Забирали меня из этой больницы – не вылечив, и по тамошним меркам досрочно: всего лишь, наверное, дней через сто, которые ныне мне кажутся вечностью. Что я помню оттуда? Помню белый «родительский день» и свиданий белесую комнату: в ней жил фикус разлапистый и стояли жесткие стулья вдоль стен, на которых с гостинцами примостились родители, и от этих свиданий почему-то я снова помню бедное горло свое, как его напрягаю последними силами, и когда иссякают они, нахожу я причину зачем-то вернуться в палату, на деле ж – поплакать; и при возвращении к фикусу снова терплю, выдавая, однако, себя воспаленными веками, худобой и смертельною бледностью, не на шутку внушая тревогу своим, подтвержденную позже врачебным доносом, что сынок ваш совсем, мол, не кушает, каждый раз отстраняя тарелку с омлето-котлетой и даже компот, его рвет от него, потому что скучает по дому. Но запомнил и радость (ее называют обычно нечаянной), когда кто-то из деток однажды, углядев за окном оживление, с болью, с неприкрытой и звонкою завистью крикнул во время урока: «За тобою приехали!» И, боясь – не отпустят, и, боясь – передумают, я в пустую палату вбежал и, дрожа, торопился в дорогу, как воскресший покойник из морга, собирая под узенькой койкой то, салютом скакавшее бойко, из гостинца цветное драже. 

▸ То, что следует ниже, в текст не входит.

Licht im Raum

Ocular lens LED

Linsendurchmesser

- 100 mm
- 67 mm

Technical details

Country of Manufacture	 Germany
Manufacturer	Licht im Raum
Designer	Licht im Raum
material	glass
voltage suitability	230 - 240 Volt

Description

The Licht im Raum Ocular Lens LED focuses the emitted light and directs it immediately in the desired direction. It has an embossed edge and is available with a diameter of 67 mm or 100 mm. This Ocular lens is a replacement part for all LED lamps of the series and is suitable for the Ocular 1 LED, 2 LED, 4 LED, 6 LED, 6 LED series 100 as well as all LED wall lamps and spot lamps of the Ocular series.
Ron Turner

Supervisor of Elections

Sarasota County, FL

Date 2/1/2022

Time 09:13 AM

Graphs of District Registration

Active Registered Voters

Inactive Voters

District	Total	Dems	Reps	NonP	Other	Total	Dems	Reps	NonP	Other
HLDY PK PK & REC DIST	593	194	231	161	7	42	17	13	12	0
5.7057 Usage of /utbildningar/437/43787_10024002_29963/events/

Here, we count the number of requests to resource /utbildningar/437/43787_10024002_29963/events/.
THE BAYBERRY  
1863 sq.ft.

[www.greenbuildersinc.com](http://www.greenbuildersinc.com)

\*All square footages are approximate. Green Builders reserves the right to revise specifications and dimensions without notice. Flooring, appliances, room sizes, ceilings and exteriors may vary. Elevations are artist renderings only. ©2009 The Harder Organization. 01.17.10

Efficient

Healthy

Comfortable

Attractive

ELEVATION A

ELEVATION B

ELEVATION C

Что осталось от этого мальчика? На туманной и зубчатой карточке, кем-то щелкнутой ярко, на счастье, но теперь пожелтевшей, надломленной и старевшей в альбоме так долго, вижу окна открытого морга, часть веранды той детской тюрьмы, будто смазанной в линзе слезы посреди снеговой пустоты униброма, и у карточки зубчатой кромки улыбнулся фотографу кротко мой веселый и легкий отец: под сосулькой, которая капает, он в двубортном стоит своем драпе и не знает пока о том страхе, что догонит под именем рака и зарежет его под конец. А сейчас, ожидая меня, он смеется, мой легкий отец, – а над ним, на веранде, будто бледный прозрачный венец, утепленный в ушанку, цигейку, в бабий серый платок, что наперсно по шубе идет, как на флаге андреевский крест, проплываю не в фокусе я, глядя, будто с кормы корабля, на теперь уж седого себя – не мигая, в упор и серьезно, словно видя насквозь, что белесы будут зим вековые заносы, что гноиться придется занозам и что кратко цветенье мимозы в предстоящем унынье времен.

Помню шашки «победы» чуть косо, завелась она быстро и просто и, проехав по просеке в соснах, понеслась колобком по шоссе, и Москва не была за горами, а потом дом явился и мама, и пахнуло ее пирогами, сдобной плюшкой, глазурью, ванилью и душистым постельным бельем; я, похоже, что ожил, но вскоре, как всегда, навалились ангины, пробки гноя в разинутом зеве посредине метущей зимы, и было любое глотанье слюны довольно болезненно до конца февраля, и с большой осторожн остью в марте я был пущен во двор – подышать.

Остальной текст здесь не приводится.